DATA PROVIDED>
+++

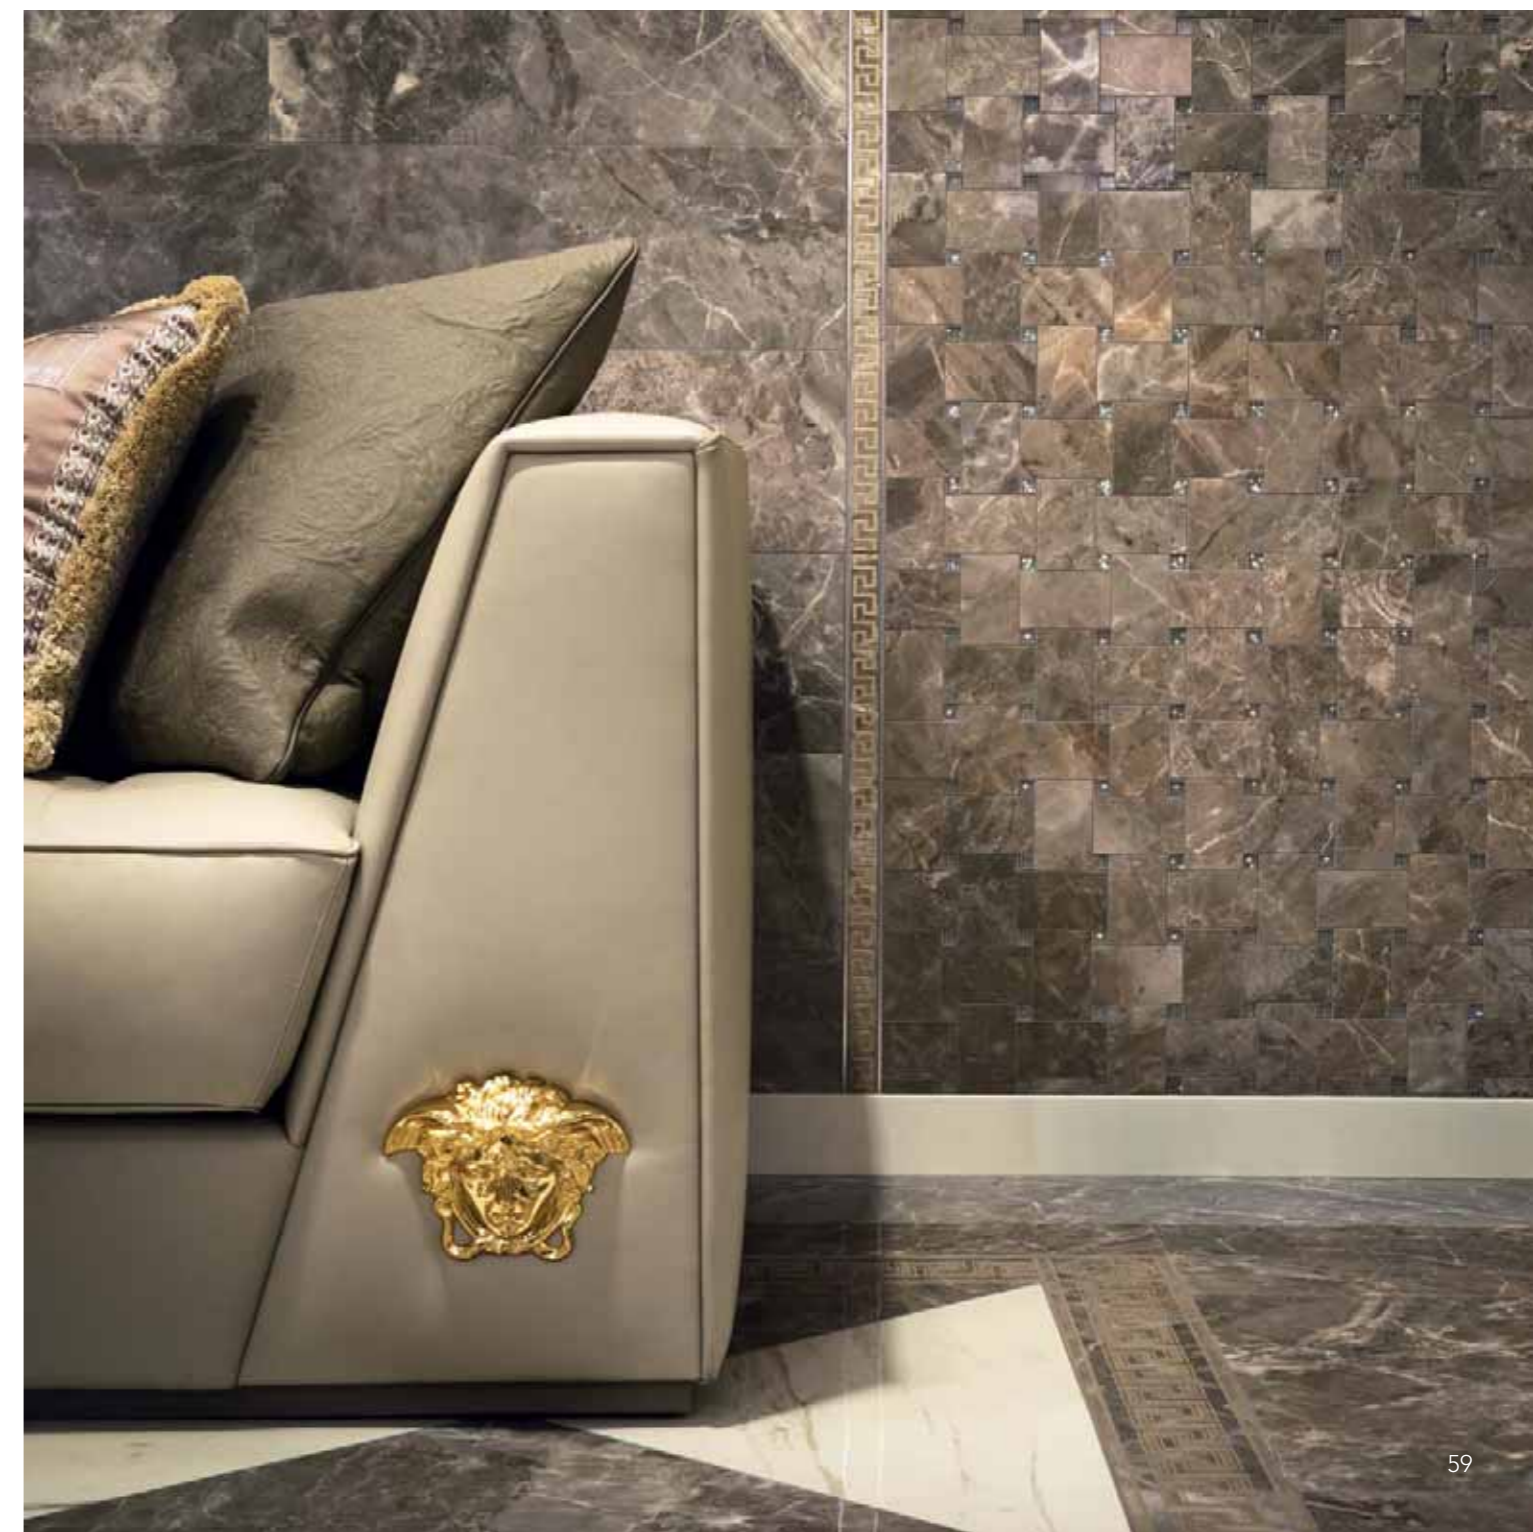

MARBLE

RIVESTIMENTO
GRIGIO 19,5x117,5
FASCIA GRECA GRIGIA 2,7x58,5
PROFILO ACCIAIO 0,5x80
MOSAICO INTRECCIO SWAROVSKI 29,1x29,1

PAVIMENTO
GRIGIO 58,5x58,5
BIANCO 58,5x58,5
FASCIA GRECA GRIGIA 11,5x58,5
TOZZETTO MEDUSA GRIGIO 11,5x11,5
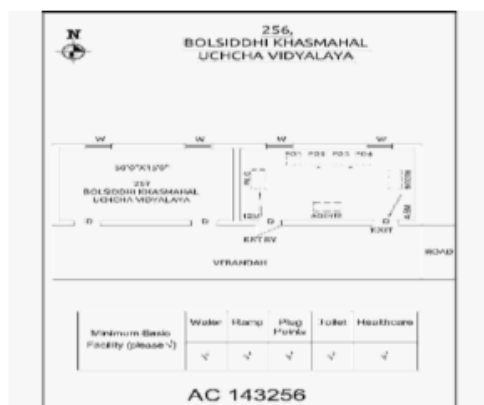

নির্বাচক নিবন্ধন আধিকারিকের স্বাক্ষর

Nazri Naksha

Google Map View

Polling Station Building Front View

Polling Station Front View

Cad View

Key MAP View

1 নাম : সুমিত্রা সর্দার স্বামীর নাম : সুকেশ সর্দার বাড়ির নং : n0105 বয়স : 35 লিঙ্গ : মহিলা	NSE1171321	ফটো উপলব্ধ	2 নাম : উজ্জ্বল পাইক পিতার নাম : ফেলুরাম পাইক বাড়ির নং : n0111 বয়স : 33 লিঙ্গ : পুরুষ	NSE1239425	ফটো উপলব্ধ	3 নাম : মিনু পাইক পিতার নাম : যতীশ পাইক বাড়ির নং : n0111 বয়স : 66 লিঙ্গ : পুরুষ	NSE1587096	ফটো উপলব্ধ
4 নাম : মিহির মন্ডল পিতার নাম : অজিত মন্ডল বাড়ির নং : n0065 বয়স : 53 লিঙ্গ : পুরুষ	WB/17/119/603636	ফটো উপলব্ধ	5 নাম : রিক্ত মন্ডল স্বামীর নাম : মিহির মন্ডল বাড়ির নং : n0065 বয়স : 45 লিঙ্গ : মহিলা	FLL2574317	ফটো উপলব্ধ	6 নাম : সুপ্রিয়া ভূইয়া পিতার নাম : শ্যামল কুমার ভূইয়া বাড়ির নং : N001 বয়স : 32 লিঙ্গ : মহিলা	NSE2194942	ফটো উপলব্ধ
7 নাম : গণেশ সেন পিতার নাম : বাবু সেন বাড়ির নং : N001 বয়স : 24 লিঙ্গ : পুরুষ	NSE2194678	ফটো উপলব্ধ	8 নাম : সুমন প্রামাণিক পিতার নাম : বাদল প্রামাণিক বাড়ির নং : N001 বয়স : 24 লিঙ্গ : পুরুষ	NSE2195642	ফটো উপলব্ধ	9 নাম : কমল সর্দার পিতার নাম : সঙ্কর সর্দার বাড়ির নং : n001 বয়স : 25 লিঙ্গ : পুরুষ	NSE2194330	ফটো উপলব্ধ
10 নাম : বিদ্যুৎ পাইক পিতার নাম : আনন্দ পাইক বাড়ির নং : N001 বয়স : 25 লিঙ্গ : পুরুষ	NSE2194876	ফটো উপলব্ধ	11 নাম : ফেলুরাম পাইক পিতার নাম : জ্যোতিষ পাইক বাড়ির নং : n0111 বয়স : 61 লিঙ্গ : পুরুষ	NSE2169449	ফটো উপলব্ধ	12 নাম : সুকেশ সর্দার পিতার নাম : মিলন সরদার বাড়ির নং : n0105 বয়স : 37 লিঙ্গ : পুরুষ	NSE1171719	ফটো উপলব্ধ
13 নাম : ধনঞ্জয় পাইক পিতার নাম : ফেলুরাম পাইক বাড়ির নং : n0111 বয়স : 29 লিঙ্গ : পুরুষ	NSE1693092	ফটো উপলব্ধ	14 নাম : অজয় হালদার পিতার নাম : বরুণ হালদার বাড়ির নং : এন000 বয়স : 23 লিঙ্গ : পুরুষ	NSE2254456	ফটো উপলব্ধ	15 নাম : পুতুল পাইক স্বামীর নাম : ফেলুরাম পাইক বাড়ির নং : n0111 বয়স : 51 লিঙ্গ : মহিলা	NSE2240653	ফটো উপলব্ধ
16 নাম : সুমন পাইক পিতার নাম : খোকন পাইক বাড়ির নং : এন000 বয়স : 23 লিঙ্গ : পুরুষ	NSE2254423	ফটো উপলব্ধ	17 নাম : প্রিয়ঙ্কা ভট্টাচার্য্য স্বামীর নাম : অরিন্দম ভট্টাচার্য্য বাড়ির নং : এন000 বয়স : 33 লিঙ্গ : মহিলা	NYH1272566	ফটো উপলব্ধ	18 নাম : পার্বতী হালদার পিতার নাম : গৌর হালদার বাড়ির নং : এন00 বয়স : 24 লিঙ্গ : মহিলা	NSE2254365	ফটো উপলব্ধ
19 নাম : অশোক কুমার বাগ পিতার নাম : পঞ্চলাল বাগ বাড়ির নং : n0016 বয়স : 65 লিঙ্গ : পুরুষ	NSE2169431	ফটো উপলব্ধ	20 নাম : নীলিমা বাগ স্বামীর নাম : অশোক কুমার বাগ বাড়ির নং : n0016 বয়স : 55 লিঙ্গ : মহিলা	NSE2388171	ফটো উপলব্ধ	21 নাম : তিথি কোটাল স্বামীর নাম : দীপ কোটাল বাড়ির নং : এন01 বয়স : 21 লিঙ্গ : মহিলা	NSE2400448	ফটো উপলব্ধ
22 নাম : রাহুল হালদার পিতার নাম : খোকন হালদার বাড়ির নং : N001 বয়স : 25 লিঙ্গ : পুরুষ	NSE2195584	ফটো উপলব্ধ	23 নাম : দীপ কোটাল পিতার নাম : প্রফুল্ল কোটাল বাড়ির নং : N001 বয়স : 25 লিঙ্গ : পুরুষ	NSE2194496	ফটো উপলব্ধ	24 নাম : মিলন সর্দার পিতার নাম : সন্ন্যাসী সর্দার বাড়ির নং : n0105 বয়স : 67 লিঙ্গ : পুরুষ	FLL2962249	ফটো উপলব্ধ
25 নাম : মঙ্গলা মন্ডল অন্যান্য : রিক্ত মন্ডল বাড়ির নং : এন0065 বয়স : 62 লিঙ্গ : মহিলা	NSE2254449	ফটো উপলব্ধ	26 নাম : মঙ্গল কোটাল পিতার নাম : প্রফুল্ল কোটাল বাড়ির নং : n0114 বয়স : 27 লিঙ্গ : পুরুষ	NSE1873355	ফটো উপলব্ধ	27 নাম : দিপঙ্কর কোটাল পিতার নাম : গোপাল কোটাল বাড়ির নং : এন00114 বয়স : 23 লিঙ্গ : পুরুষ	NSE2371573	ফটো উপলব্ধ
28 নাম : পূজা কোটাল স্বামীর নাম : মঙ্গল কোটাল বাড়ির নং : n0114 বয়স : 26 লিঙ্গ : মহিলা	NSE1910686	ফটো উপলব্ধ	29 নাম : কার্তিক কোটাল পিতার নাম : সুধীর কোটাল বাড়ির নং : n0114 বয়স : 35 লিঙ্গ : পুরুষ	NSE1171784	ফটো উপলব্ধ	30 নাম : রবি কোটাল পিতার নাম : সুধীর কোটাল বাড়ির নং : n0114 বয়স : 36 লিঙ্গ : পুরুষ	NSE1171776	ফটো উপলব্ধ

+++

GOAL OF THE EXERCISE>
In the lines above, find the word "Front" and copy every line it occurs in.

ANSWER TO THIS PROBLEM>
Polling Station Building Front View
Polling Station Front View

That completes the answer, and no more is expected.